После училища развела судьба молодых лейтенантов в противоположные стороны. Кравцова распределили на север в Прибалтику, практически на курорт, а Черкасов после пятимесячной подготовки под Ферганой попал в Афганистан за полтора года до вывода советских войск из проклятой каменистой земли. Но и этого ему хватило с лихвой по самое горло.
Не страдающий особой сентиментальностью Олег в душеизлияниях никогда не мешал другу делиться воспоминаниями хоть и давно позабытыми, но время от времени всплывающими знойными миражами посреди песчаных бархан затуманенной памяти. И тогда Толик терялся во времени, ежеминутно трогал левое плечо, словно хотел удостовериться на месте его рука или нет, хотя инвалидную группу с него давно сняли и даже десятисантиметровый шрам от ключицы до плеча потерял свою кровавую окраску, побледнел и с годами сморщился. От высокого, накаченного красавца в стиле «а ля Шварценеггер» ничего толком и не осталось, так, комичная копия – сутулая жердь с заниженной самооценкой, с алкогольной зависимостью.

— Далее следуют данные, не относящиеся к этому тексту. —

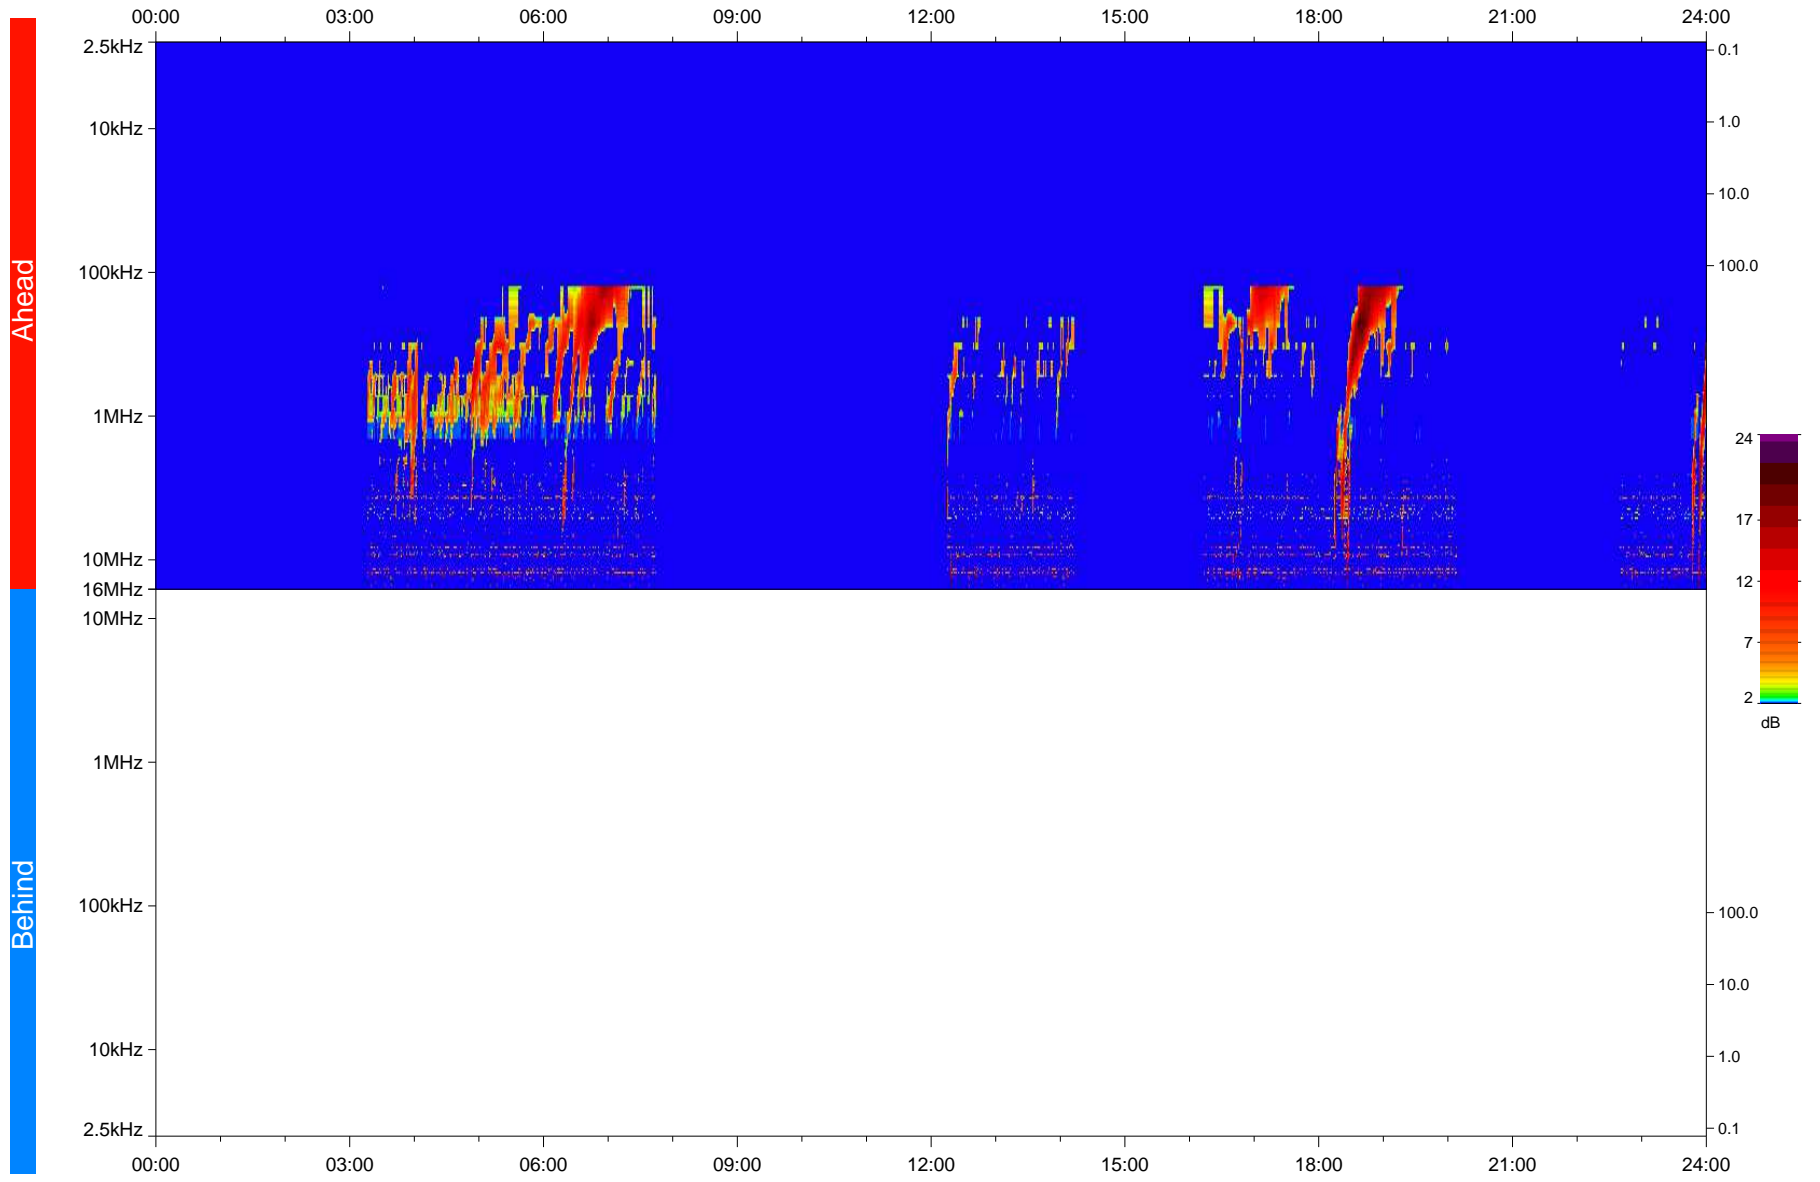

STEREO/WAVES Daily Summary - 24-Jan-2015 (DOY 024)

Ahead source file = swaves Ahead_2015_024_1_11.fin + beacon data

Behind source file = swaves Ahead_2015_024_1_11.fin

Time (UTC)

2016-02-26 19:32:35, TMIlib V943 dynspec V210
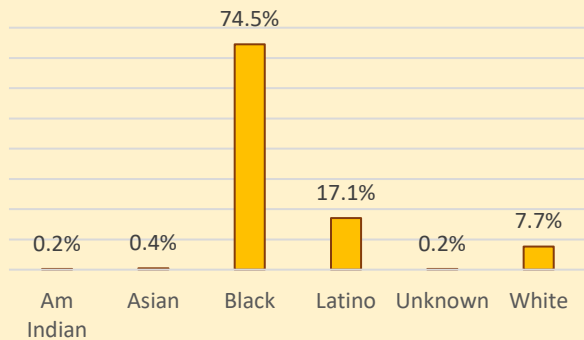

Sheriff's Daily Report

10/4/2022

Under the Custody of the Sheriff	
Total Male and Female	7,702
Jail Population	5,608
Community Corrections	2,094

Jail Population - Behind the Walls

Sheriff's Daily Report

10/4/2022

CCSO Population Demographics

In Confinement

Gender Distribution

Race Distribution

Age Distribution

Community Corrections

Gender Distribution

Race Distribution

Age Distribution
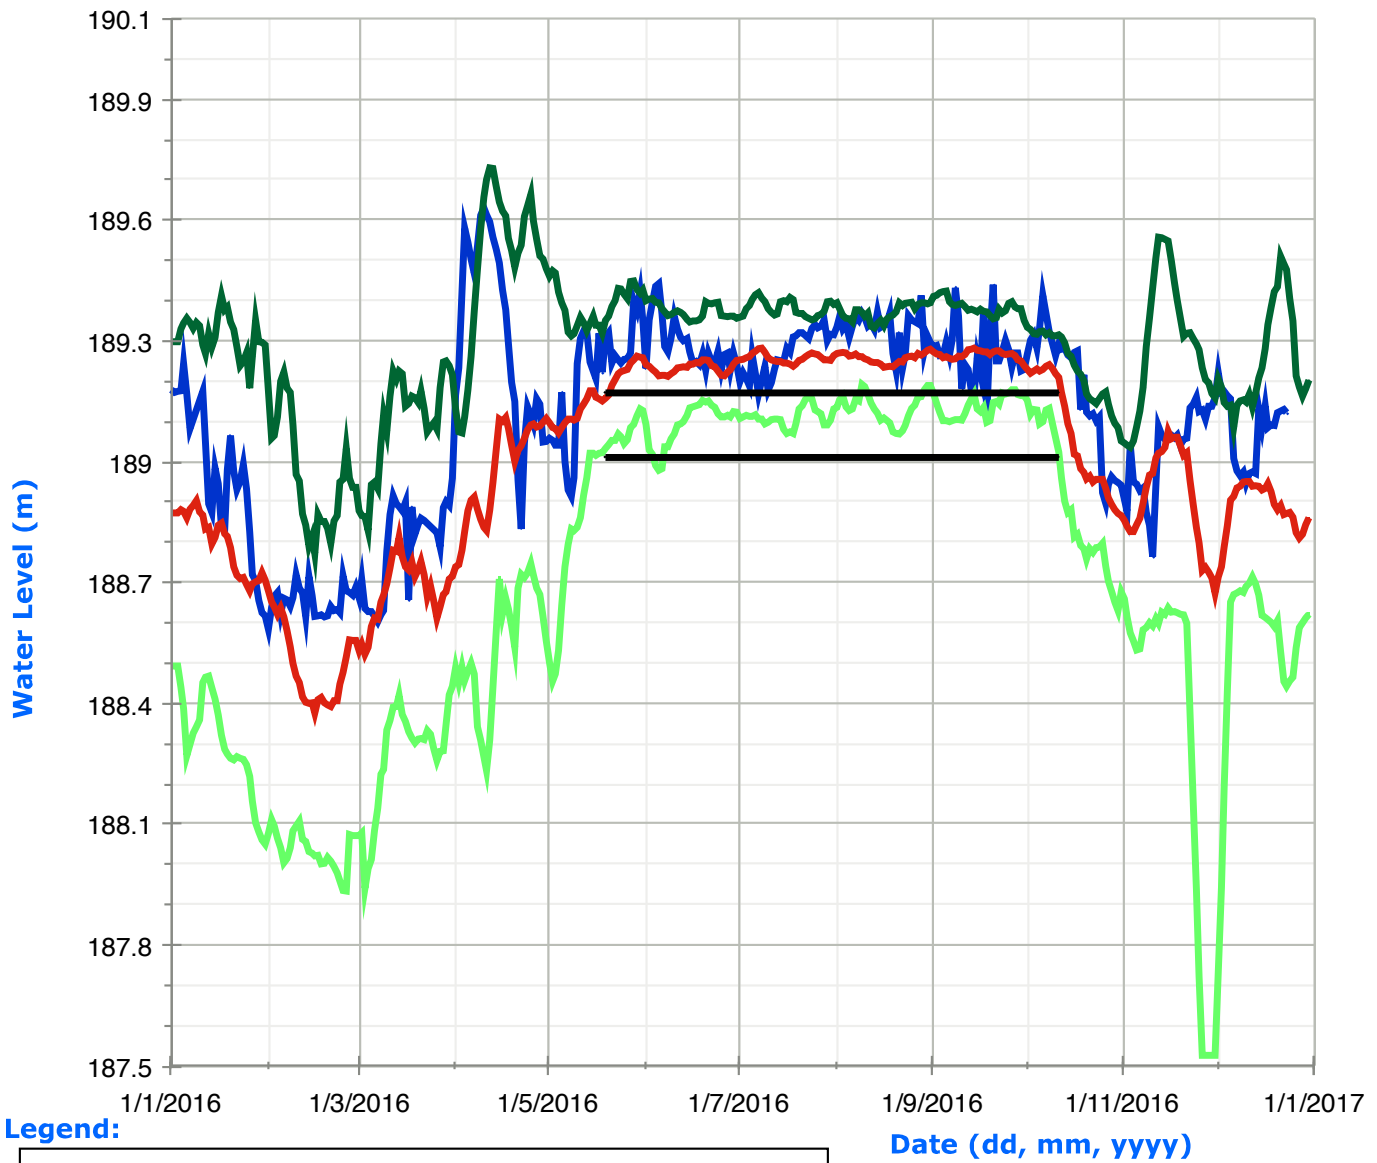

Balsam Lake Water Levels

Legend:

Cameron Lake Water Levels

Legend:

Lake Scugog Water Levels

Legend:

	Historic High Water Levels		Daily Water Levels
	Historic Low Water Levels		Navigation Range
	Average Water Levels		

Sturgeon Lake Water Levels

Legend:

Buckhorn Lake Water Levels

Legend:

Date (dd, mm, yyyy)

Lower Buckhorn Lake Water Levels

Legend:

Lovesick Lake Water Levels

Legend:

Stony Lake Water Levels

Legend:

	Historic High Water Levels		Daily Water Levels
	Historic Low Water Levels		Navigation Range
	Average Water Levels		

Lake Katchewanooka Water Levels

Legend:

Little Lake Water Levels

Legend:

Lock 19 Lower Water Levels

Legend:

Долгое время поначалу Олег списывал все на войну, на изломанную психику – «афганский синдром», поддерживал друга и стаканом, и сочувствующим словом. Но Полина, устав от мужниных затяжных депрессий и стойко переносившая до поры до времени «дурную наследственность» рода Черкасовых, уже во вторую беременность решила действовать радикальными методами и в один из отпусков командировала мужа в московский профилактический реабилитационный центр. По возвращению Толик предстал перед обществом совершенно другим человеком. Стал читать книжки, гулять на свежем воздухе, воздерживался от грубого мата, по выходным дарил жене цветы, между дежурствами нянчил новорожденного. Но хватило его ровно на полгода.
– По стопам отца пошел, – подвела итог Полина перед смущенным Олегом, когда он доставил невменяемого друга на порог квартиры. – Отец его от белой горячки преставился, и дед по рассказам свекрови не агнец божий был, все норовил в голенище сапога бутыль самогона от бабки припрятать. Так тот хоть настоящий казак, купец первой гильдии! А этот…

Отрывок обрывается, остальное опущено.